Having found the line that contains "пружинный блок/спружынны блок/spring unit", please retype only it and every line after it up to the end of the entries, exactly as written.

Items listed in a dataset
--- START ---

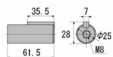

46	47	48
46	47	48
46	47	48
46	47	48

仕様

メーカー	工進	型番	MF-50S
口径(mm)吸込×吐出	50×50	所要動力	3.75kW
軸径(φ mm)	25	全揚程	26m
吐出量	350L/分	サイズ(mm)	311×156.5×200(H)
重量(kg)	11.6	回転数	500~2300rpm
最大吸入揚程	5m前後	接続ねじ	管用平行ねじ
回転方向	駆動軸側から見て反時計回り	材質	砲金
使用液	海水、清水 ※用途以外の目的に使用しないでください。	液温	5~60℃
駆動方式	ベルト駆動	付属品	平行キー、取扱説明書
使用不可液体例	灯油・軽油・ガソリンなどの軽質油、有機溶剤、強酸、強アルカリなど腐食性の液体		

田畑の灌水や、畜産の尿処理などに

錆・汚れに強いオール砲金製

呼び水が不要で、瞬時に自吸します。
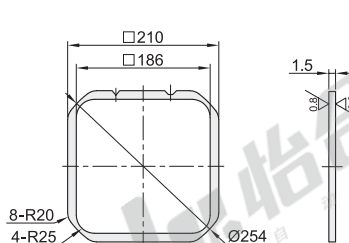

BLN03—6

未税价(元)

优惠价

| | | |
|----|------|------|
| 数量 | 1~99 | 100~ |
| 价格 | 100% | 另行报价 |

交货期

10

方形带缺口型

| 代码 | 类型 | 材质 | 表面处理 |
|-------|--------|----------|--------|
| BLN04 | 方形带缺口型 | SUS420J2 | T215抛光 |

视角标准：第一视角

| 型号 | | 适用晶圆 |
|-------|----|------|
| 代码 | 规格 | 6寸 |
| BLN04 | 6 | |

请按图示订货

| 型号 | |
|-------|----|
| 代码 | 规格 |
| BLN04 | 6 |

BLN04—6

未税价(元)

优惠价

| | | |
|----|------|------|
| 数量 | 1~99 | 100~ |
| 价格 | 100% | 另行报价 |
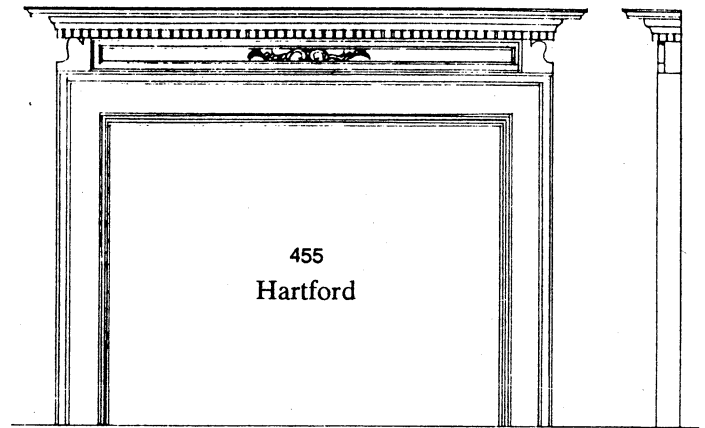

455
Hartford
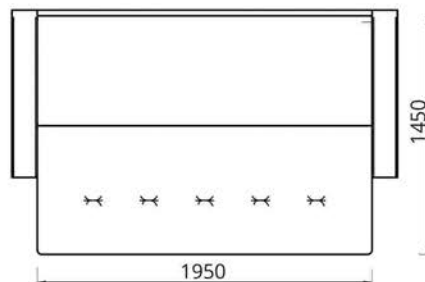

Диван-кровать/Канпа-ложак/Sofa Bed:
L2280xВ1000xН900

Спальное место/спальная месца/sleeps:
L1950xВ1450

Наполнитель/напаўняльнік/filler:
пружинный блок/спружынны блок/spring unit

Трансформация/трансфармацыя/transformation:
«Еврокнижка»/«Еўракіжка»/«Euro book»

Обивка/абіўка/upholstery:

ткань искусственная кожа/
тканіна або штучная скура/
fabric or artificial leather

**Дополнительные особенности/
дадатковыя асаблівасці/
additional features:**

ящик для белья, съёмные чехлы подушек,
хромированные ножки/
скрыня для бялізны, здымныя чэхлы падушак,
храмаваныя ножкі/
box for linen, removable covers of pillows,
chrome plated legs

--- END ---

**TASK OUTPUT:**
пружинный блок/спружынны блок/spring unit

Трансформация/трансфармацыя/transformation:
«Еврокнижка»/«Еўракіжка»/«Euro book»

Обивка/абіўка/upholstery:

ткань искусственная кожа/
тканіна або штучная скура/
fabric or artificial leather

**Дополнительные особенности/
дадатковыя асаблівасці/
additional features:**

ящик для белья, съёмные чехлы подушек,
хромированные ножки/
скрыня для бялізны, здымныя чэхлы падушак,
храмаваныя ножкі/
box for linen, removable covers of pillows,
chrome plated legs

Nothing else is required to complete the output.